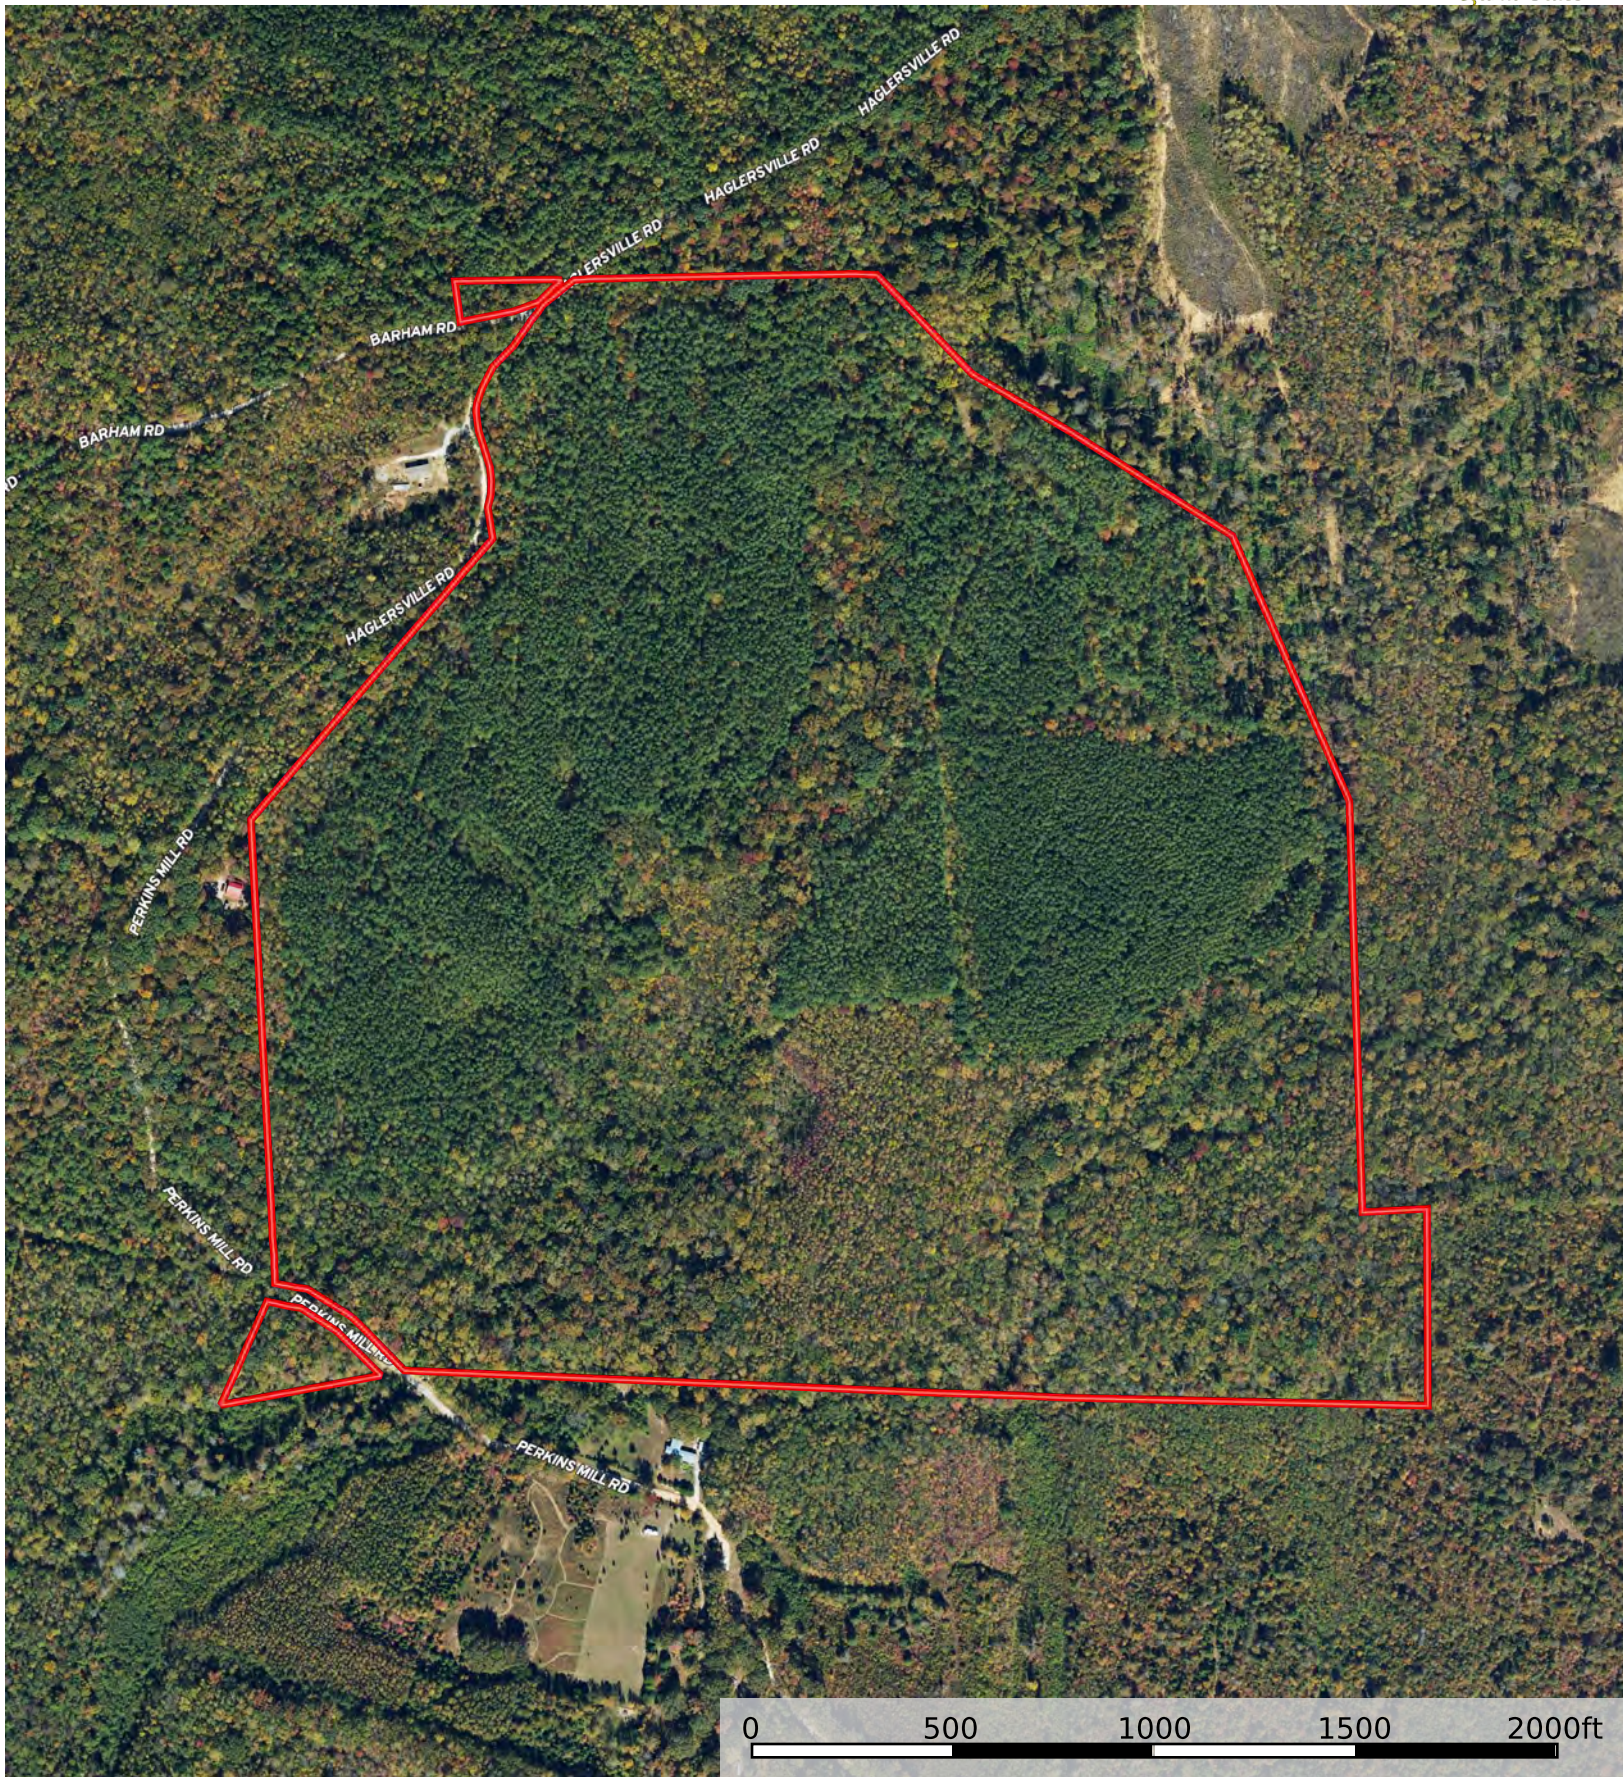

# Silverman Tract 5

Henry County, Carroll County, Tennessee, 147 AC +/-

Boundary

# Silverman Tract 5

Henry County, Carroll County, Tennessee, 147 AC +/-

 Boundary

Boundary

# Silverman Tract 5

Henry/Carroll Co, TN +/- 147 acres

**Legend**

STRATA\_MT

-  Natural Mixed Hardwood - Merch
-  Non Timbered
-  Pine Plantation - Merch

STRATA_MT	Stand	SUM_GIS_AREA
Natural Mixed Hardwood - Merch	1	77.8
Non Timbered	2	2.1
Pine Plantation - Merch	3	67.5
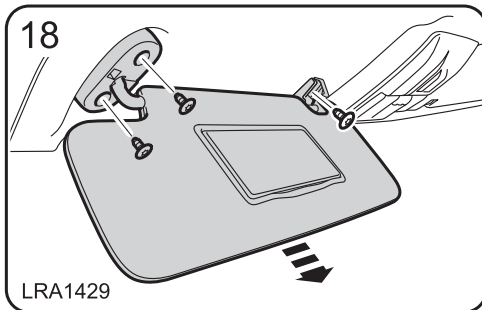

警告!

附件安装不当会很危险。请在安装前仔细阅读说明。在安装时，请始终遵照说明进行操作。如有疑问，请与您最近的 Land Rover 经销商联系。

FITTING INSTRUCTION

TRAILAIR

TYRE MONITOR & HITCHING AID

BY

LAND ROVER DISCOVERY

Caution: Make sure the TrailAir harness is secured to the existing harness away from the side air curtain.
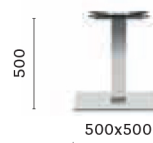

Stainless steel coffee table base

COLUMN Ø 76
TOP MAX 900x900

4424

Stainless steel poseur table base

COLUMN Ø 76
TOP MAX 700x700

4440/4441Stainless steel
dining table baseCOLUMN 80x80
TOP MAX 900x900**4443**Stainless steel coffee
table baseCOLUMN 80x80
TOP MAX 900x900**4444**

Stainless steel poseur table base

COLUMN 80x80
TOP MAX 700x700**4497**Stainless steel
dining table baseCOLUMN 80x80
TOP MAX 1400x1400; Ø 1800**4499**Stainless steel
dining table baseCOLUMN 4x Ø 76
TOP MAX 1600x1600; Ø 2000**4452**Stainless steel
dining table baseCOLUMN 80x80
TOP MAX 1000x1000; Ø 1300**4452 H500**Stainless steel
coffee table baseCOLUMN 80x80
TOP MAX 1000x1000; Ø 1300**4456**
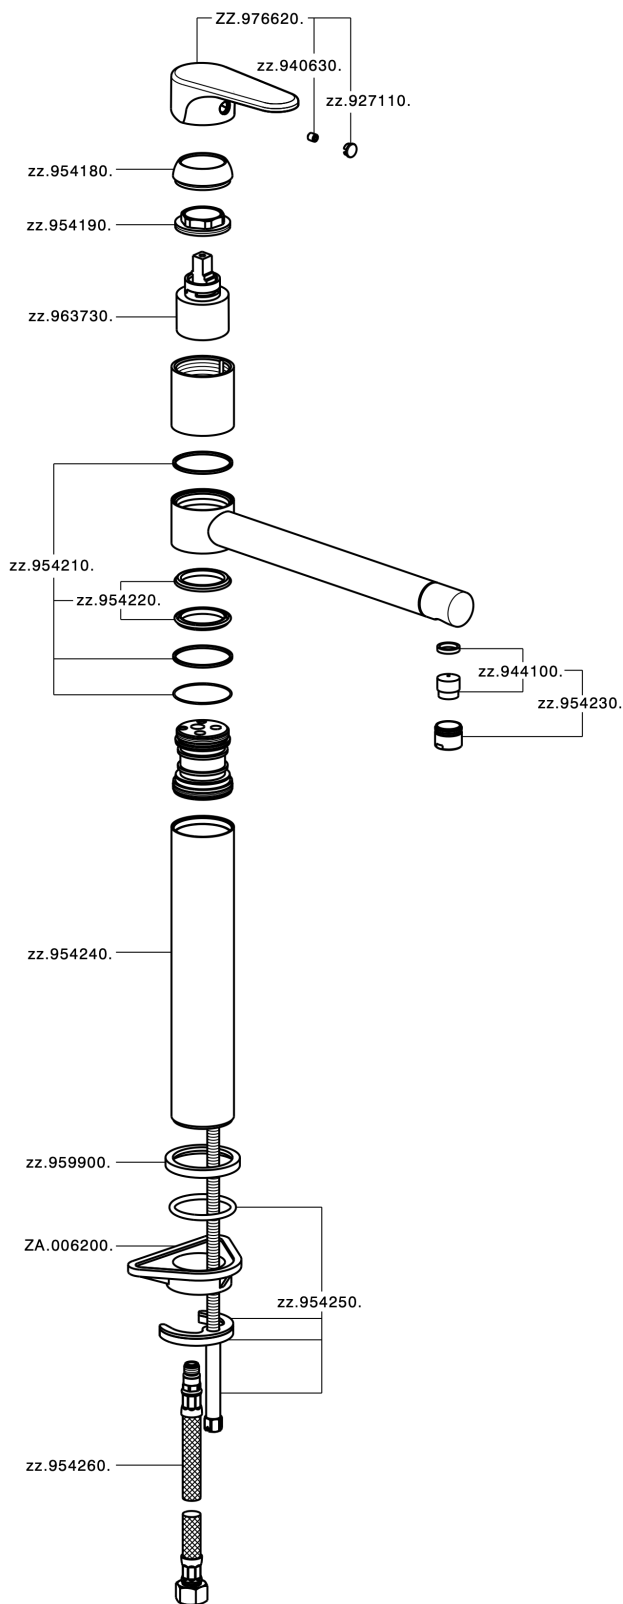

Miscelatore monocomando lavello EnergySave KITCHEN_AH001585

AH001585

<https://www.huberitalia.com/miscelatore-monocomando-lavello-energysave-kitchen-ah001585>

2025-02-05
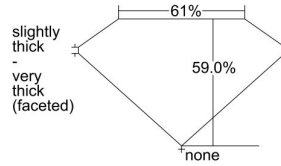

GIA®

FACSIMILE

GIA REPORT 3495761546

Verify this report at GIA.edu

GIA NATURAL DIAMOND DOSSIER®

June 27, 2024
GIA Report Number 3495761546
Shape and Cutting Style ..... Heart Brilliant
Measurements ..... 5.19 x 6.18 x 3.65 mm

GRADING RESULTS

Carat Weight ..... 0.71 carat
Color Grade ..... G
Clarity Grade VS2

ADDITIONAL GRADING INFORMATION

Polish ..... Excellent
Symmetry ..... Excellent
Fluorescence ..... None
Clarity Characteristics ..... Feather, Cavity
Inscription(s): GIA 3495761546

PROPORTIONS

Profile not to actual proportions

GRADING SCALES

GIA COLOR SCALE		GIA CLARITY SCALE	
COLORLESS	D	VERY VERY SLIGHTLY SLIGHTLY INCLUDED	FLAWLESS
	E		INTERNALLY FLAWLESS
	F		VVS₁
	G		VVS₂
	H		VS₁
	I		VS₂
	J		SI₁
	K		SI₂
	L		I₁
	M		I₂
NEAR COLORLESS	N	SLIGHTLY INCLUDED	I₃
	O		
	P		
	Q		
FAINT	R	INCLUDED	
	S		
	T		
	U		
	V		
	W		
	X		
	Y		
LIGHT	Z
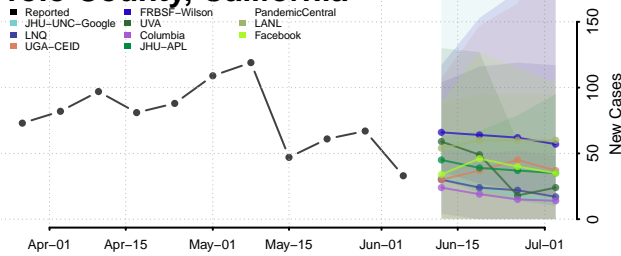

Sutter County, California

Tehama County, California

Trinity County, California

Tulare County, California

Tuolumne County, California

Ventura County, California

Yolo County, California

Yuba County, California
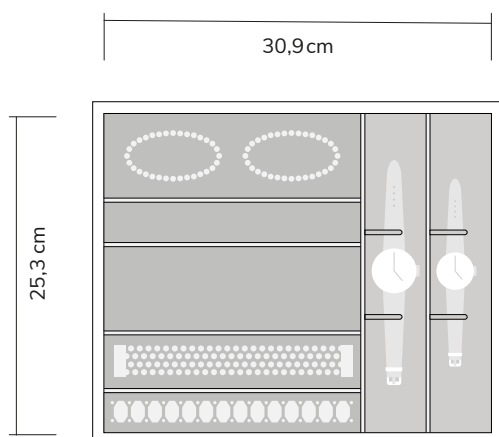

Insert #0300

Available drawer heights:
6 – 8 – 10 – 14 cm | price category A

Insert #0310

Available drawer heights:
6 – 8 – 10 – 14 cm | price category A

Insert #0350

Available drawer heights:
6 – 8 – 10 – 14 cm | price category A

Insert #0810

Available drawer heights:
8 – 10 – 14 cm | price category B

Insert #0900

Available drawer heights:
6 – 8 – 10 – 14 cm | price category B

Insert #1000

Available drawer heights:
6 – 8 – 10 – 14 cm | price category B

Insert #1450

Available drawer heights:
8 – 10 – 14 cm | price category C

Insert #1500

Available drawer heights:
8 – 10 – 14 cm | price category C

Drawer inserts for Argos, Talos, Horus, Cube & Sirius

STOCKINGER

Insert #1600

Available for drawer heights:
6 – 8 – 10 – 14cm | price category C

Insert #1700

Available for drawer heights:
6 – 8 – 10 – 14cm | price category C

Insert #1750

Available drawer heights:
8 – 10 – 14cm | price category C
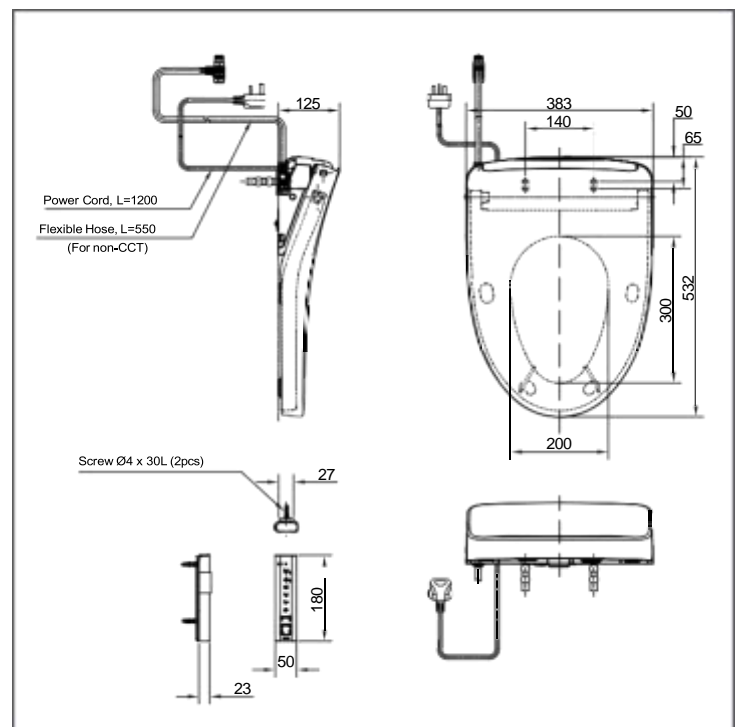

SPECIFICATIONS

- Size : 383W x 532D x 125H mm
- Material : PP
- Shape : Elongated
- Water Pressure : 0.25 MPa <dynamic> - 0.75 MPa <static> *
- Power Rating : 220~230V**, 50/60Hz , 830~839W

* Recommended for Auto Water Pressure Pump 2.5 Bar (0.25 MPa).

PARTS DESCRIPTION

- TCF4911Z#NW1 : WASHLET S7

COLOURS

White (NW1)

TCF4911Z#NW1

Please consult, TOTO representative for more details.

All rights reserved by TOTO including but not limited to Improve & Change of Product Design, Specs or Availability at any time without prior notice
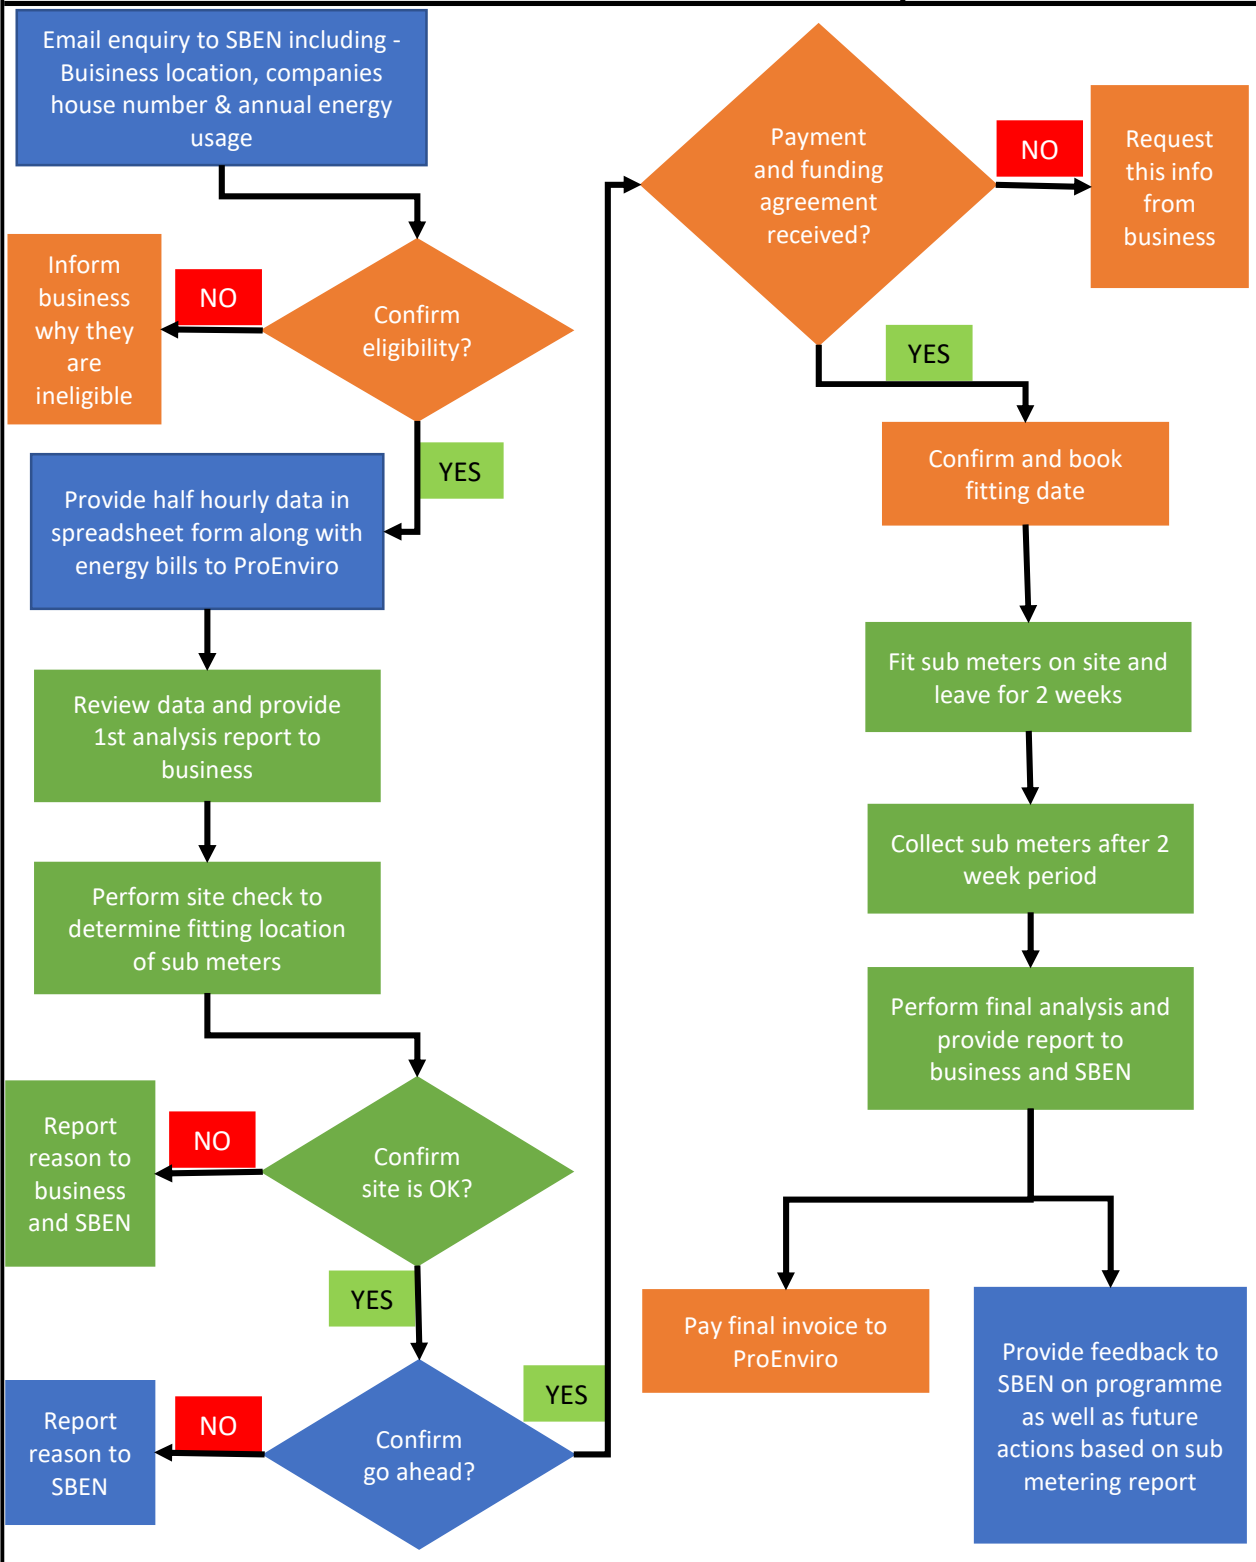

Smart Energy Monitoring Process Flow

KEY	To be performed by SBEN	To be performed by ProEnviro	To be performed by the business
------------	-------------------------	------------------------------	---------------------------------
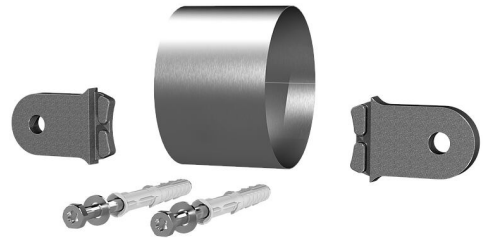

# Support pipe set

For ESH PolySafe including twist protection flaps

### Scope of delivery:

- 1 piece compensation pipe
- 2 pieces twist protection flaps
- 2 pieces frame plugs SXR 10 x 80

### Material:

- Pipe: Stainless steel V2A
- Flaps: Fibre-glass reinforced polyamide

- - - -

■ WHAT NEEDS TO BE DONE: Exactly as they appear, print the lines of the listing above from its first line through the line that contains "Fluorescence ..... None", minus the pictures.

■ ANSWER TO THIS TASK:
# Silverman Tract 5

Henry County, Carroll County, Tennessee, 147 AC +/-

Boundary

# Silverman Tract 5

Henry County, Carroll County, Tennessee, 147 AC +/-

 Boundary

Boundary

# Silverman Tract 5

Henry/Carroll Co, TN +/- 147 acres

**Legend**

STRATA\_MT

-  Natural Mixed Hardwood - Merch
-  Non Timbered
-  Pine Plantation - Merch

STRATA_MT	Stand	SUM_GIS_AREA
Natural Mixed Hardwood - Merch	1	77.8
Non Timbered	2	2.1
Pine Plantation - Merch	3	67.5

警告!

附件安装不当会很危险。请在安装前仔细阅读说明。在安装时，请始终遵照说明进行操作。如有疑问，请与您最近的 Land Rover 经销商联系。

FITTING INSTRUCTION

TRAILAIR

TYRE MONITOR & HITCHING AID

BY

LAND ROVER DISCOVERY

Caution: Make sure the TrailAir harness is secured to the existing harness away from the side air curtain.

Stainless steel coffee table base

COLUMN Ø 76
TOP MAX 900x900

4424

Stainless steel poseur table base

COLUMN Ø 76
TOP MAX 700x700

4440/4441Stainless steel
dining table baseCOLUMN 80x80
TOP MAX 900x900**4443**Stainless steel coffee
table baseCOLUMN 80x80
TOP MAX 900x900**4444**

Stainless steel poseur table base

COLUMN 80x80
TOP MAX 700x700**4497**Stainless steel
dining table baseCOLUMN 80x80
TOP MAX 1400x1400; Ø 1800**4499**Stainless steel
dining table baseCOLUMN 4x Ø 76
TOP MAX 1600x1600; Ø 2000**4452**Stainless steel
dining table baseCOLUMN 80x80
TOP MAX 1000x1000; Ø 1300**4452 H500**Stainless steel
coffee table baseCOLUMN 80x80
TOP MAX 1000x1000; Ø 1300**4456**

Miscelatore monocomando lavello EnergySave KITCHEN_AH001585

AH001585

<https://www.huberitalia.com/miscelatore-monocomando-lavello-energysave-kitchen-ah001585>

2025-02-05

GIA®

FACSIMILE

GIA REPORT 3495761546

Verify this report at GIA.edu

GIA NATURAL DIAMOND DOSSIER®

June 27, 2024
GIA Report Number 3495761546
Shape and Cutting Style ..... Heart Brilliant
Measurements ..... 5.19 x 6.18 x 3.65 mm

GRADING RESULTS

Carat Weight ..... 0.71 carat
Color Grade ..... G
Clarity Grade VS2

ADDITIONAL GRADING INFORMATION

Polish ..... Excellent
Symmetry ..... Excellent
Fluorescence ..... None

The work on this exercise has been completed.